Avijit picture Avijit · Sep 13, 2016 · Viewed 12k times · Source

I am trying to create a DataFrame using RDD.

First I am creating a RDD using below code -

val account = sc.parallelize(Seq(
                                 (1, null, 2,"F"), 
                                 (2, 2, 4, "F"),
                                 (3, 3, 6, "N"),
                                 (4,null,8,"F")))

It is working fine -

account: org.apache.spark.rdd.RDD[(Int, Any, Int, String)] = ParallelCollectionRDD[0] at parallelize at :27

but when try to create DataFrame from the RDD using below code

account.toDF("ACCT_ID", "M_CD", "C_CD","IND")

I am getting below error

java.lang.UnsupportedOperationException: Schema for type Any is not supported

I analyzed that whenever I put null value in Seq then only I got the error.

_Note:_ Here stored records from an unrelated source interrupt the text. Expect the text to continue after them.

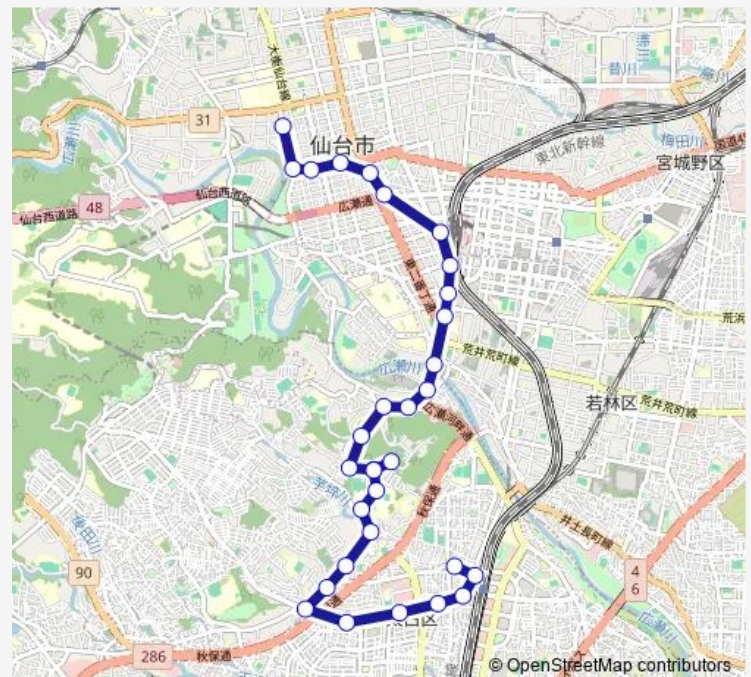

茂ヶ崎

東北工大長町キャンパス

東北工大長町キャンパス入口

Route schedule

交通局東北大学病院前 — 長町四丁目長町営業所前

Monday 09:26-21:17

Tuesday 09:26-21:17

Wednesday 09:26-21:17

Thursday 09:26-21:17

Friday 09:26-21:17

Saturday 19:59

Sunday —

Route info

Direction: 交通局東北大学病院前

Stops: 31

Trip Duration: 0 hour 50 min
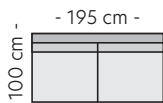

Modul 8 - 3-seter
Art.nr. 379062

Is there any way to add null value?

Answer

Marsellus Wallace picture Marsellus Wallace · Jun 13, 2017

Alternative way without using RDDs:

import spark.implicits._

val df = spark.createDataFrame(Seq(
  (1, None,    2, "F"),
  (2, Some(2), 4, "F"),
  (3, Some(3), 6, "N"),
  (4, None,    8, "F")
)).toDF("ACCT_ID", "M_CD", "C_CD","IND")

df.show
+-------+----+----+---+
|ACCT_ID|M_CD|C_CD|IND|
+-------+----+----+---+
|      1|null|   2|  F|
|      2|   2|   4|  F|
|      3|   3|   6|  N|
|      4|null|   8|  F|
+-------+----+----+---+

df.printSchema
root
 |-- ACCT_ID: integer (nullable = false)
 |-- M_CD: integer (nullable = true)
 |-- C_CD: integer (nullable = false)
 |-- IND: string (nullable = true)